Week 1 (June 1 - June 8)

When I was testing my update of Wikidata Extractors I noticed that I had made a mistake in rewriting of Wikidata Reference Extractor. The problem was that Wikidata Reference Extractor had to extract data from Wikidata Items and Properties but after my update it only extracted data from Items. And on this week I fixed this problem by splitting extraction process on two methods. In extract method I check the type of page and if this page is Item I deserialise the page as Item document and execute method extractStatements which extracts data from statements. The same is implemented for Properties entities. And I also added some more pages to wikidata minidump.

Week 2 (June 8 - June 15)

I have implemented first version of Lexeme Extractor that extracts data from lemmas and forms.

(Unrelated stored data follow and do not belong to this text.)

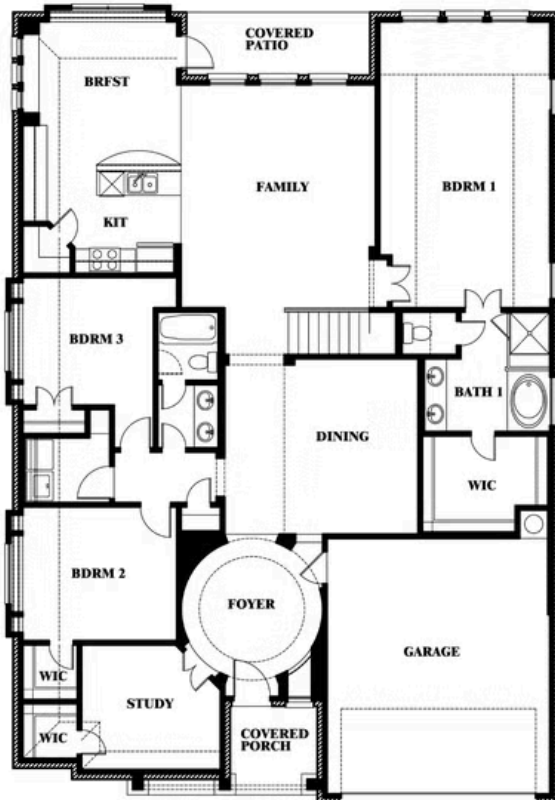

Carolina IV

HOMES FROM
\$515,990

CLASSIC SERIES

SONOMA VERDE

1136 VIA TOSCANA LANE, ROCKWALL, TX 75032

3,280
SQUARE FEET

4
BEDROOMS

3.0
BATHROOMS

2
CAR GARAGE

ELEVATION D

ELEVATION A

ELEVATION A

ELEVATION AS

ELEVATION AS

ELEVATION C

ELEVATION C

ELEVATION E

ELEVATION E

ELEVATION F

ELEVATION F

Carolina IV

SONOMA VERDE

1136 VIA TOSCANA LANE, ROCKWALL, TX 75032

Carolina IV

This brochure is for general informational purposes and is to be used as a guide only. Changes may be made during the development process and floorplans, dimensions, fixtures, fittings, finishes and specifications are subject to change without notice. Window placement, balcony configuration, wardrobe sizes and living areas may vary slightly within each plan type. EQUAL HOUSING OPPORTUNITY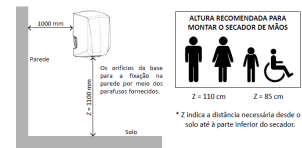

High-Performance 800W Compact Hand Dryer with HEPA Filter and Sensor

Description

The compact hand dryer with optical sensor and HEPA filter is the ideal solution for commercial and hotel spaces that require speed, hygiene and efficiency. Made of high-resistance ABS, it combines a modern design with high performance, providing fast and silent drying even in high-traffic areas.

With air-blade technology, it dries hands in around 10 seconds, thanks to the air outlet speed of 505 km/h. The 800W universal motor (total power 1200W) ensures low energy consumption, while the acoustic insulation and reduced noise level (69.3 dB at 2 metres) make the device suitable for environments where sound comfort is essential.

The model features double electrical insulation (**IP23**) and **Class II**, and can be installed 0.60 m from water, with automatic stop by timer and overheating protection. The lateral suction with slats and the **HEPA filter** ensure air purification during the drying process, eliminating particles and promoting a cleaner and safer environment.

Features

Marca

Categoria Low Consumption Hand Dryers

Price

Price with discount	134,07 €
Price without discount	220,64 €
Without VAT	109,00 €

Product in Store

[High-Performance 800W Compact Hand Dryer with HEPA Filter and Sensor](#)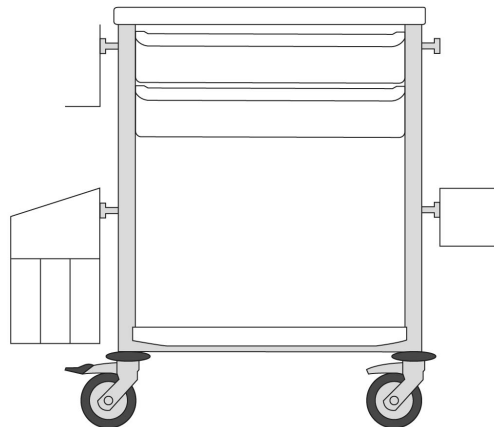

600 x 400 trolleys equipped with:

- ▶ 1 top thermoplastic shelf
- ▶ 1 lower thermoplastic shelf
- ▶ 1 drawer H. 75 mm with runners
- ▶ 3 standard rails (top right, bottom right and top left)

> Ref. AGIL6_24

Configuration n°25

600 x 400 trolleys equipped with:

- ▶ 1 top thermoplastic shelf
- ▶ 1 lower thermoplastic shelf
- ▶ 1 drawer H. 115 mm with runners
- ▶ 4 standard rails

> Ref. AGIL6_25

Configuration n°28

600 x 400 trolleys equipped with:

- ▶ 1 top thermoplastic shelf
- ▶ 1 lower thermoplastic shelf
- ▶ 2 drawer H. 115 mm with runners
- ▶ 4 standard rails

> Ref. AGIL6_28

Configuration n°30

600 x 400 trolleys equipped with:

- ▶ 1 top thermoplastic shelf
- ▶ 1 lower thermoplastic shelf
- ▶ 2 drawer H. 115 mm with runners
- ▶ 4 standard rails
- ▶ 1 plastic tray
- ▶ 1 standard support for sharp container
- ▶ 1 double bag holder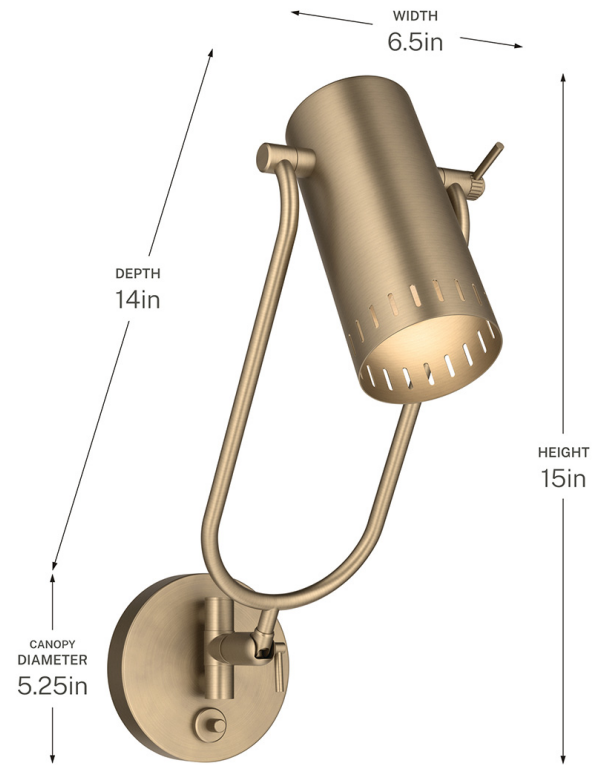

SPECIFICATIONS

Certifications/Qualifications

ADA Compliant	No
Prop65	Yes
Location Rating	Dry kichler.com/warranty

Dimensions

Height	15"
Width	6.5"
Height From Center Of Wall Opening (Spec Sheet)	15"
Depth	14"
Weight	3.22 LBS
Canopy Width	5.25"
Canopy Depth	0.75"

Mounting/Installation

Interior/Exterior	Interior Product
Mounting Weight	3.22 LBS
Install Glass Up Or Down	Down
Lead Wire Length	8
Wire Connectors	Wire Nuts

FIXTURE ATTRIBUTES

Housing/Glass

Primary Material	Steel
------------------	-------

Outer Shade Details

Type	Shade
Location	Outer
Material	Steel
Shape	Cylinder
Height	7.25"
Diameter	3.4"

Product/Ordering Information

SKU	52841CPZ
Finish	Champagne Bronze™
UPC	783927092494

Finishes

-  Black | Champagne Bronze™
-  Champagne Bronze™
-  Lacquered Brass
-  Lacquered Bronze | Lacquered Brass

Week 3 (June 15 - June 21)

I have reimplemented Lexeme Extractor with new structure. I added sense's extraction and now Lexeme Extractor extracts data on the form of:

  <http://lex.dbpedia.org/wikidata/L222072> <http://www.w3.org/2002/07/owl#sameAs> <http://www.wikidata.org/entity/L222072> .
  <http://lex.dbpedia.org/wikidata/L222072> <http://www.w3.org/ns/lemon/ontolex#lexicalForm> <http://lex.dbpedia.org/wikidata/L222072-F1> .
  <http://lex.dbpedia.org/resource/cykelsadel> <http://lex.dbpedia.org/property/lexeme> <http://lex.dbpedia.org/wikidata/L222072> .
  <http://lex.dbpedia.org/resource/cykelsadel> <http://lex.dbpedia.org/property/form> <http://lex.dbpedia.org/wikidata/L222072-F1> .
  <http://lex.dbpedia.org/wikidata/L222072-F1> <http://www.w3.org/2002/07/owl#sameAs> <http://www.wikidata.org/entity/L222072-F1> .
  <http://lex.dbpedia.org/resource/sæde_på_en_cykel> <http://lex.dbpedia.org/property/lexicalSense> <http://www.wikidata.org/entity/L222072-S1> .
  <http://lex.dbpedia.org/resource/sæde_på_en_cykel> <http://lex.dbpedia.org/property/P5137> <http://www.wikidata.org/entity/Q1076532> .
  <http://lex.dbpedia.org/resource/sæde_på_en_cykel> <http://lex.dbpedia.org/property/P18> <http://commons.wikimedia.org/wiki/File:Bicycle_saddle.jpg> .

I have also fixed problem with extracting strings that have whitespaces by replacing them on "_"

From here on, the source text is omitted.